Extract, exactly as written, the line that contains "CON RIDUZIONE IN DOTAZIONE ADAPTER INCLUDED" and all lines after it through the end of the records. Omit pictures.

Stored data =
----

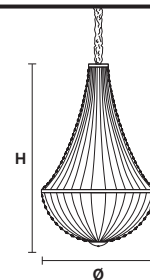

**Ø** 60 cm / 23.70"  
**H** 110 cm / 43.31"  
**W** 23 kg / 50.70 lb

LIGHTING SYSTEM

10×E27×60 W max  
(not included).

VE 864/14 90

Suspension

TECHNICAL INFORMATIONS

**Ø** 90 cm / 35.50"  
**H** 150 cm / 59.10"  
**W** 37.5 kg / 82.67 lb

LIGHTING SYSTEM

14×E27×60 W max  
(not included).

VE 864/20 120

Suspension

TECHNICAL INFORMATIONS

**Ø** 120 cm / 47.30"  
**H** 200 cm / 78.75"  
**W** 53 kg / 116.84 lb

LIGHTING SYSTEM

20×E27×60 W max  
(not included).

VE 864/24 150

Suspension

TECHNICAL INFORMATIONS

**Ø** 150 cm / 59.10"  
**H** 250 cm / 98.50"  
**W** 86 kg / 189.59 lb

LIGHTING SYSTEM

24×E27×60 W max  
(not included).

: for the US market, refer to the relevant price list.

**Ø** 60 cm / 23.70"  
**H** 110 cm / 43.31"  
**W** 23 kg / 50.70 lb

LIGHTING SYSTEM

10×E26×60 W max  
(not included).

VE 864/14 90

Suspension

TECHNICAL INFORMATIONS

**Ø** 90 cm / 35.50"  
**H** 150 cm / 59.10"  
**W** 37.5 kg / 82.67 lb
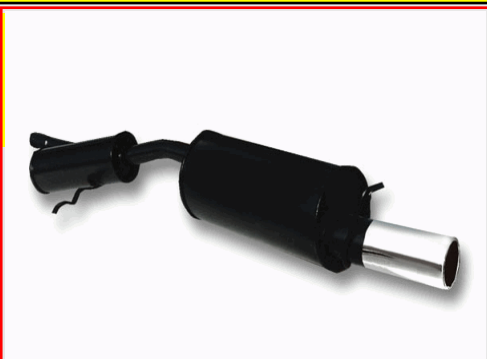

55 - 60 - 70

From: 1982 To: 1993

Kw: 37-40-41-43-48-50

Note:

CON RIDUZIONE IN DOTAZIONE ADAPTER INCLUDED

Code: 99.1043

€ 210,80 + iva

Cod: 95.7201.12 O 90
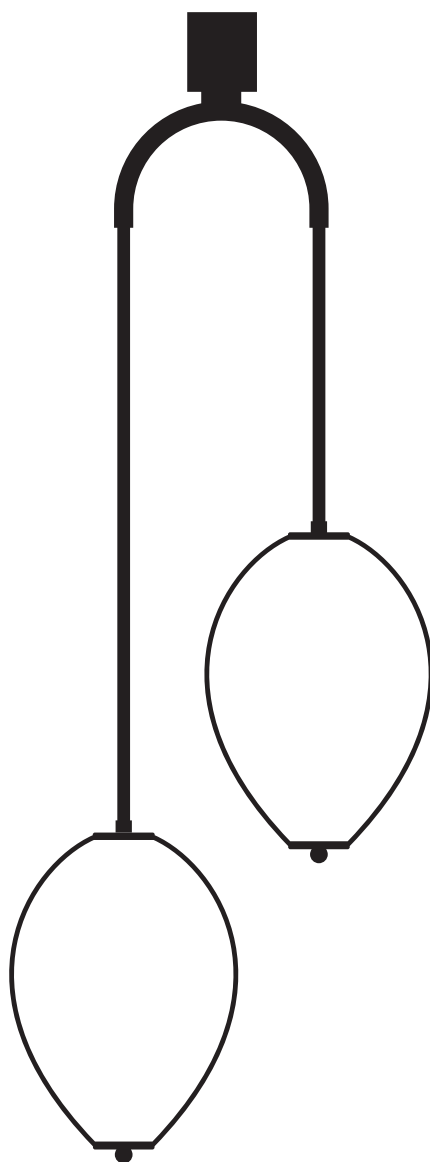

Product
sheet
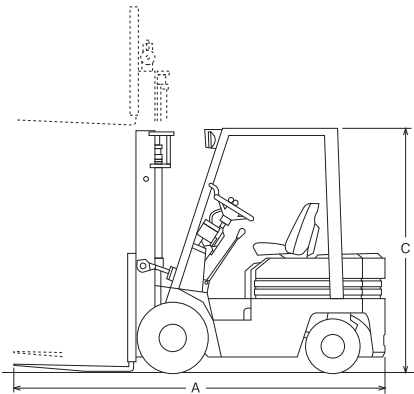

### ■ Dimensions

### ■ Specifications

Model	FD15	FD25	FD30	FD40	FD60	FD70	FD100
Rated Capacity (kg)	1,500	2,500	3,000	4,000	6,000	7,000	10,000
Dimensions (mm)	Overall Length A	3,315	3,670	3,815	4,200	4,725	5,465
	Overall Width B	1,070	1,150	1,240	1,450	1,995	2,245
	Overall Height C	2,030	2,060	2,120	2,240	2,515	2,500
	Fork Length	1,070	1,070	1,070	1,070	1,220	1,220
Max.Lifting Height (mm)	3,000	3,000	3,000	3,000	4,370	3,000	3,000
Minimum Turning Radius (mm)	1,960	2,240	2,400	2,750	3,350	3,380	3,880
Total Weight (kg)	2,640	3,700	4,300	6,230	8,680	9,580	12,530

----

WRITTEN ANSWER =
CON RIDUZIONE IN DOTAZIONE ADAPTER INCLUDED

Code: 99.1043

€ 210,80 + iva

Cod: 95.7201.12 O 90

Product
sheet

### ■ Dimensions

### ■ Specifications

Model	FD15	FD25	FD30	FD40	FD60	FD70	FD100
Rated Capacity (kg)	1,500	2,500	3,000	4,000	6,000	7,000	10,000
Dimensions (mm)	Overall Length A	3,315	3,670	3,815	4,200	4,725	5,465
	Overall Width B	1,070	1,150	1,240	1,450	1,995	2,245
	Overall Height C	2,030	2,060	2,120	2,240	2,515	2,500
	Fork Length	1,070	1,070	1,070	1,070	1,220	1,220
Max.Lifting Height (mm)	3,000	3,000	3,000	3,000	4,370	3,000	3,000
Minimum Turning Radius (mm)	1,960	2,240	2,400	2,750	3,350	3,380	3,880
Total Weight (kg)	2,640	3,700	4,300	6,230	8,680	9,580	12,530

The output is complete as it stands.